Remember when acquiring Santonio Holmes appeared to be a heist when the Jets “pried” him away from the Steelers for a “mere” fifth-round pick in 2010?

How’d that work out for the Jets?

Ask Rex Ryan.

Holmes and his selfish, locker-room-lawyer attitude was as responsible for Ryan’s eventual downfall as Jets head coach as any player on the team.

Holmes caught 103 passes and had 14 touchdowns in his first two seasons with the Jets (2010 and 2011). Then he caught 43 passes and had two touchdowns in his final two seasons (2012 and 2013) and became such a problem inside the locker room that a number of his own teammates wanted to punch him out — including in one game in Miami, where he was kicked out of the huddle in the heat of a fourth-quarter comeback attempt.

Is Brown Holmes? No. He’s a far better player. Could he become the kind of problem Holmes became inside the Jets’ locker room?
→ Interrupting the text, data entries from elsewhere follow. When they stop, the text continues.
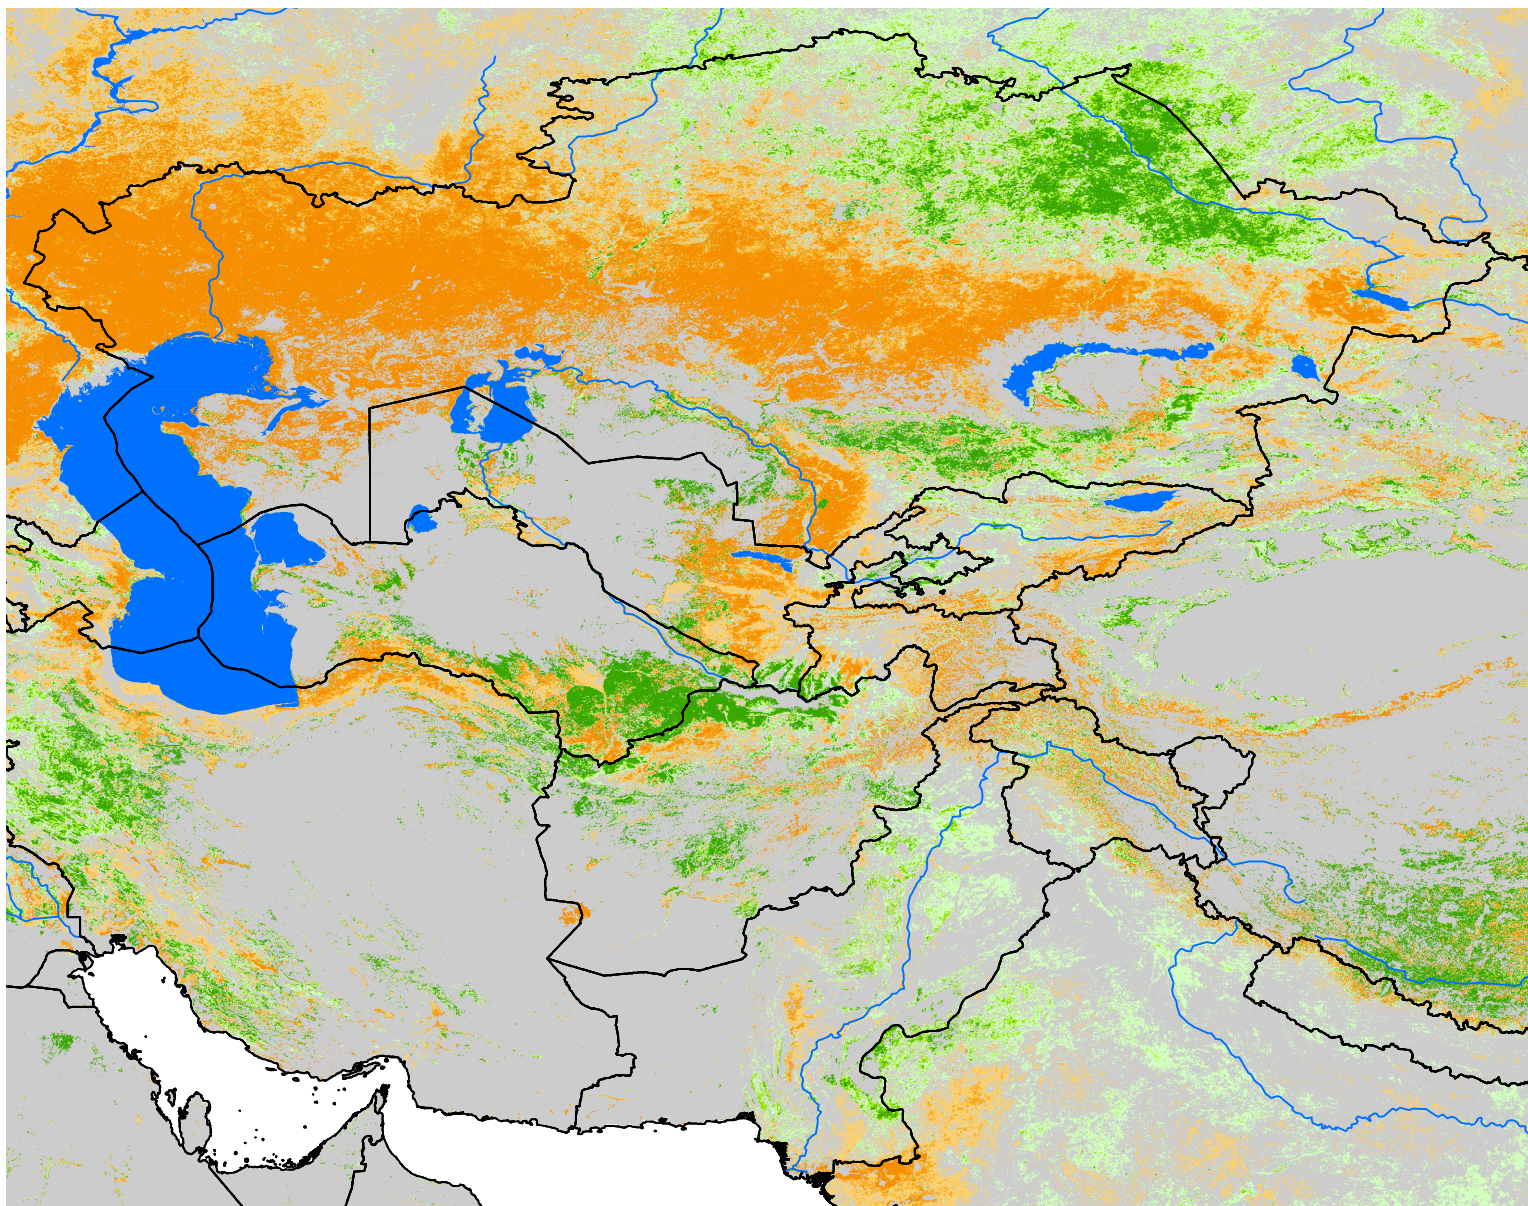

# Central Asia

## SSEBop Cumulative ET Anomaly

Percent of Median (2003-2015)  
Apr Dekad 1 - Nov Dekad 1, 2018

ET Anomaly (%)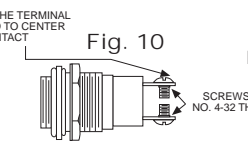

Uses:
T 3 1/4
MINIATURE
BAYONET
BASE
NEON
LAMP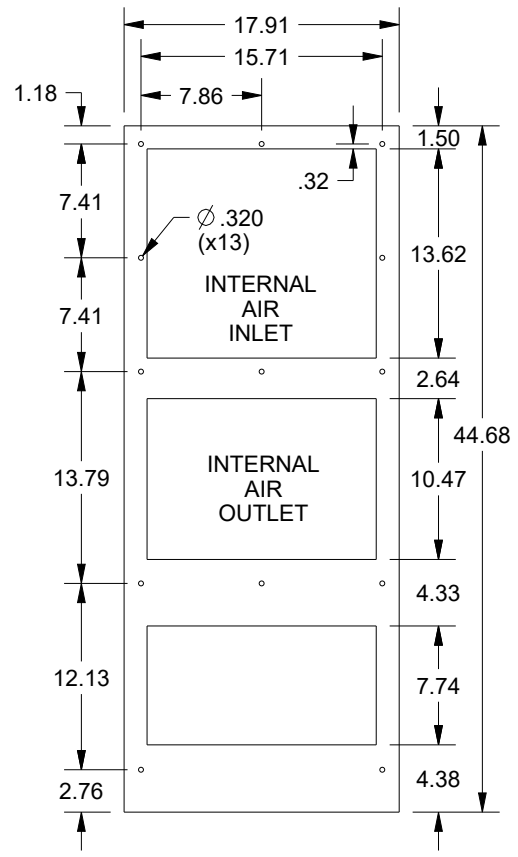

SAGINAW CONTROL & ENGINEERING

SCE-AC21160B460V3

MOUNTING PATTERN

His track record would suggest so.

According to ESPN, Brown left the Steelers three times since August this past season, missing multiple meetings during the regular season, including in the final week, with the Steelers fighting for their playoff lives when he quit on them. He left the season finale at halftime and didn’t bother to show up with the rest of his teammates the day after the season.

How do you walk that back with your teammates?

Jets safety Jamal Adams, who has pure, good intentions as a young locker-room leader in his public push for management to acquire more talent, has been at the front of the line this week calling for the Jets to bring Brown to the team via a trade.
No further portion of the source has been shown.